These guys are right. Unless the temps are just right, it's not always worth it. If you really want to, you can quarter it and keep in a spare refrigerator for a while. That keeps it at the right temperature. Keeping the hide on and removing the tarsal glands are just myths. They have no effect on the the meat, unless you use the same knife you use to cut the tarsals to then cut meat.


----------



## Hetfieldinn (May 17, 2004)

I like to hang my deer for at least three day if the weather cooperates. Aging the deer lets the tissue break down, and makes for more flavorful and tender steaks. If the temps don't allow for leaving the deer hang for a few days, I will butcher the deer (I do it myself), and vacuum pack it, and put it in the freezer immediately. When the time comes, I will take a package of steaks out and put them in the coldest area of the fridge. I let them slowly thaw out for a week, then add some marinade to them, let them sit overnight in the fridge, then grill them the next day.
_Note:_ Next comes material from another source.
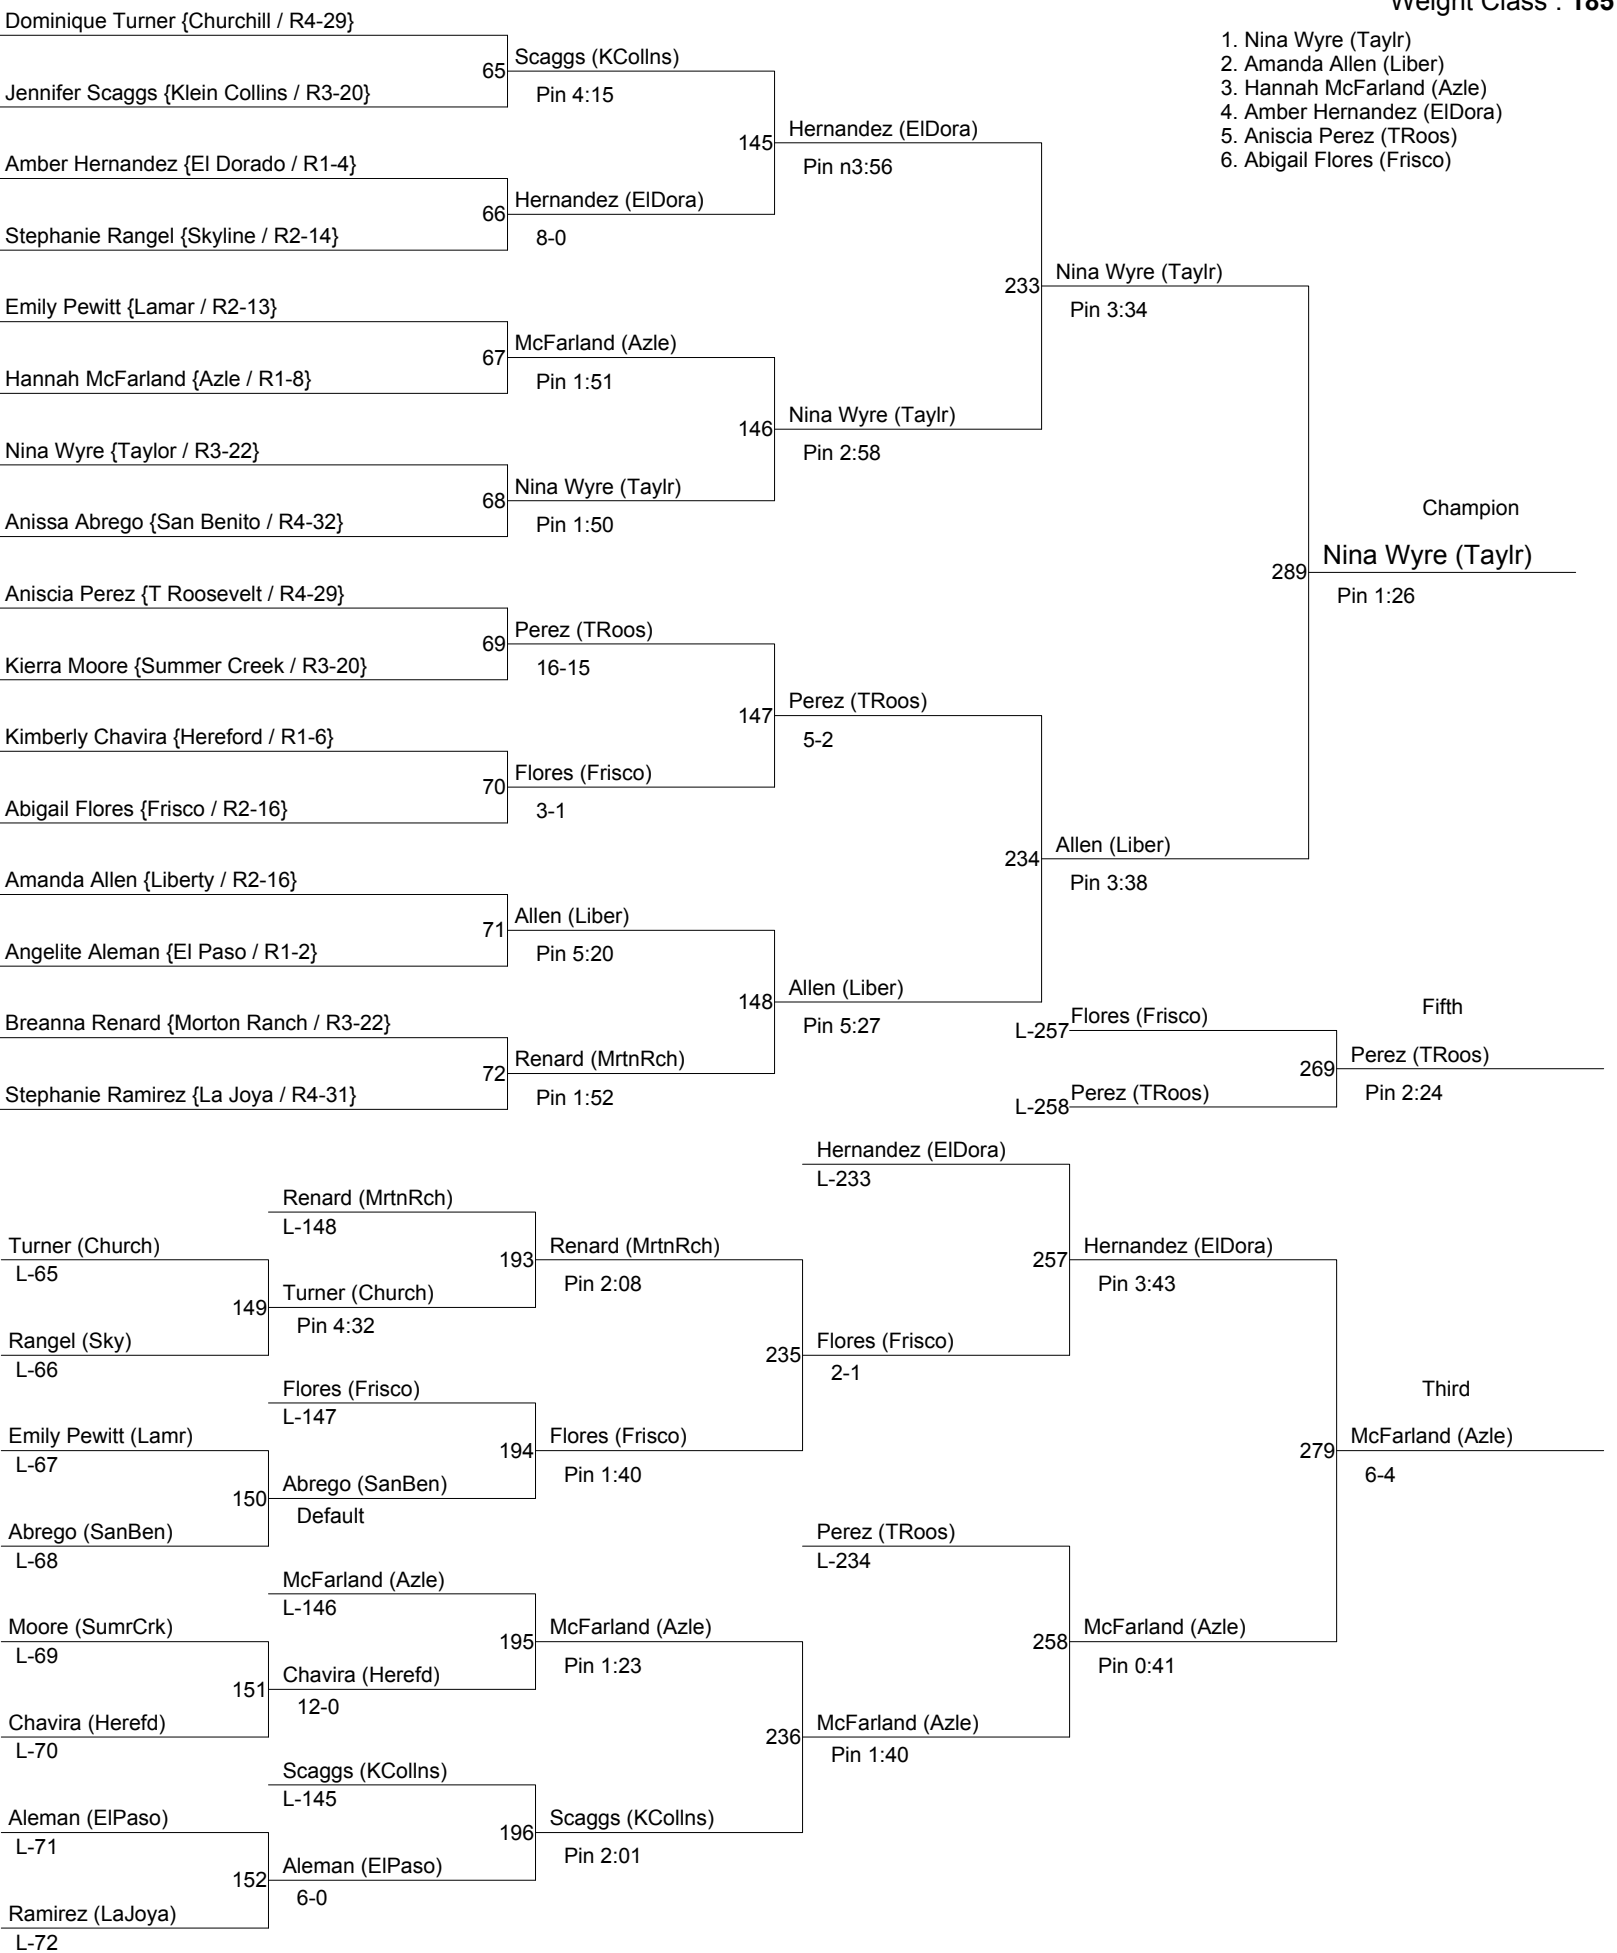

2012 Girls UIL State Championships

Weight Class : **215**

I like to leave the skin/hide on the deer while hanging. This keeps the outer layer of flesh from drying out.


----------



## beatsworkin (Apr 12, 2004)

Don't forget also that the age of the deer, how quickly it died and main food sources for the area you shot the deer will also affect the meat. Young deer that are killed quickly really don't require aging. Older bucks and some older does could use a week or so, if the temp is right. The best venison I have had was on a goose hunt in Southern Illinois. The co-owner of the lodge ages his deer for up to 2 weeks-leaves hide on and checks for mold to grow on the rib cage. He then skins the deer, saws off the ribcage and trims off any dried meat. He is very meticulous and very careful to maitain a clean working environment. The steaks were fork tender.

Please note that he only does this when he can maintain a temp in the meat that is no higher 38-40 degrees. He keeps a stem thermometer in the hind quarter. And he does not wait until the whole thing is covered with mold, just checks it daily and processes as soon as it starts.

Anyone who has had prime rib aged 30 or even 60 days knows what this process does for tenderness!


----------